Copy whichever lines of the data hold the word "Avant".

Data supplied:
************

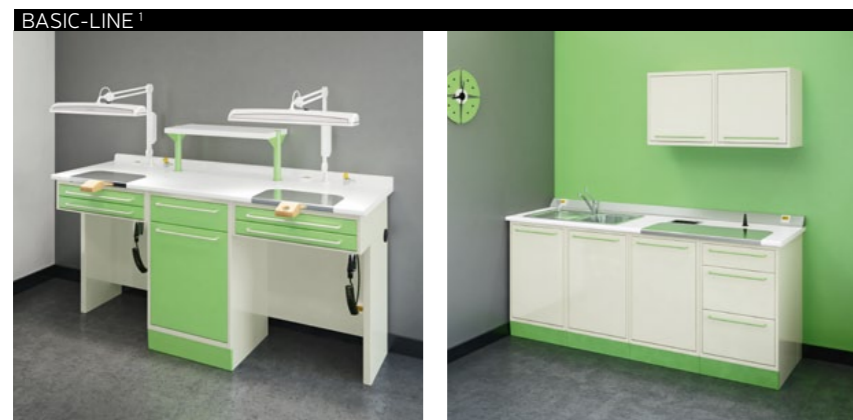

Descrizione - Beschreibung - Description - Description

Struttura	RAL 9002	Struttura	RAL 9002
Frontali	N. 12836 M	Frontali	RAL 9002
Maniglie	MES RAL 9002	Maniglie	MES N. 12836 M
Piano	LAMINATO BIANCO	Zoccoli	N. 12836 M
		Piano	LAMINATO BIANCO
Struktur	RAL 9002	Lavello	LIX SG
Fronten	N. 12836 M	Miscelatore	MIX C
Griffe	MES RAL 9002		
Platte	LAMINATO BIANCO	Struktur	RAL 9002
		Fronten	RAL 9002
Structure	RAL 9002	Griffe	MES N. 12836 M
Front Sides	N. 12836 M	Sockel	N. 12836 M
Handles	MES RAL 9002	Platte	LAMINATO BIANCO
Top	LAMINATO BIANCO	Waschbecken	LIX SG
		Mischbatterie	MIX C
Structure	RAL 9002		
Faces Avant	N. 12836 M	Structure	RAL 9002
Poignées	MES RAL 9002	Front Sides	RAL 9002
Plan De Travail	LAMINATO BIANCO	Handles	MES N. 12836 M
		Baseboards	N. 12836 M
		Top	LAMINATO BIANCO
		Sink	LIX SG
		Mixer	MIX C
		Structure	RAL 9002
		Faces Avant	RAL 9002
		Poignées	MES N. 12836 M
		Socle	N. 12836 M
		Plan De Travail	LAMINATO BIANCO
		Évier	LIX SG
		Mitigeur	MIX C

Dimensioni - Abmessungen - Dimensions - Dimensions

N.B.: Nelle immagini del presente stampato sono possibili piccole variazioni cromatiche, fare riferimento alla cartella colori **Colours collection 2.015**
Anmerkung: In den Bildern dieser Broschüre sind kleine chromatische Änderungen in der Sicht möglich; Referenzen finden Sie in der Farbkarte **Colours collection 2.015**
Note: In the images of the present catalogue, chromatic variations may occur, therefore refer to **Colours collection 2.015**
Note: Dans les images de ce catalogue, on peut trouver des variations chromatiques, consulter la **Colours collection 2.015**.

************

Response below:
Faces Avant	N. 12836 M	Structure	RAL 9002
		Faces Avant	RAL 9002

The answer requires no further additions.